---- ENTRIES SHOWN

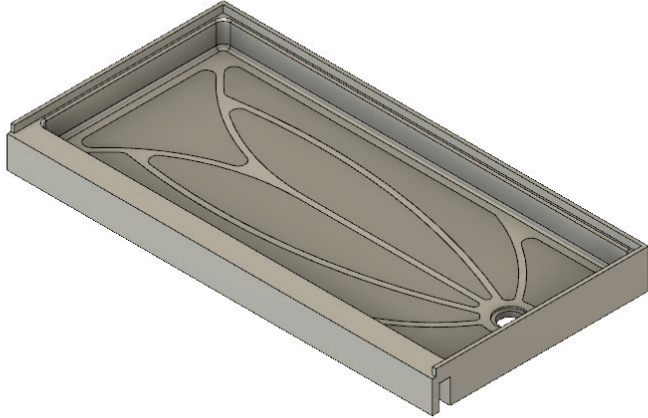

MERIDIAN SOLID SURFACE ONE-PIECE SHOWER BASE

Model # MSB6030SR (Shown)
Model # MSB6030SL

60" x 30" End Drain

- Ideal for use when replacing bathtub with a shower base
- Integral shower floor and threshold for alcove installation
- Choose from a variety of solid colors and granite-patterned colors
- End drain configuration allows base to be used for right or left drain installation
- Easy to clean surface, does not promote mold or mildew
- Textured flooring helps prevent slipping
- Tapered floor helps water flow to drain
- Rigid water barrier integrated into base
- Uses standard 2" NPS strainer assembly
- Certified by Home Innovation Research Labs to the harmonized CSA B45.5/IAPMO Z124
- Approved by the Massachusetts Board of Examiners of Plumbers and Gasfitters

Section Thru Waterdam

--------

> **AIM OF THE EXERCISE**: Copy back the listing above exactly, but only from the line with "Model # MSB6030SR (Shown)" through the line with "- Uses standard", both ends included.

> **COMPLETED EXERCISE**:
Model # MSB6030SR (Shown)
Model # MSB6030SL

60" x 30" End Drain

- Ideal for use when replacing bathtub with a shower base
- Integral shower floor and threshold for alcove installation
- Choose from a variety of solid colors and granite-patterned colors
- End drain configuration allows base to be used for right or left drain installation
- Easy to clean surface, does not promote mold or mildew
- Textured flooring helps prevent slipping
- Tapered floor helps water flow to drain
- Rigid water barrier integrated into base
- Uses standard 2" NPS strainer assembly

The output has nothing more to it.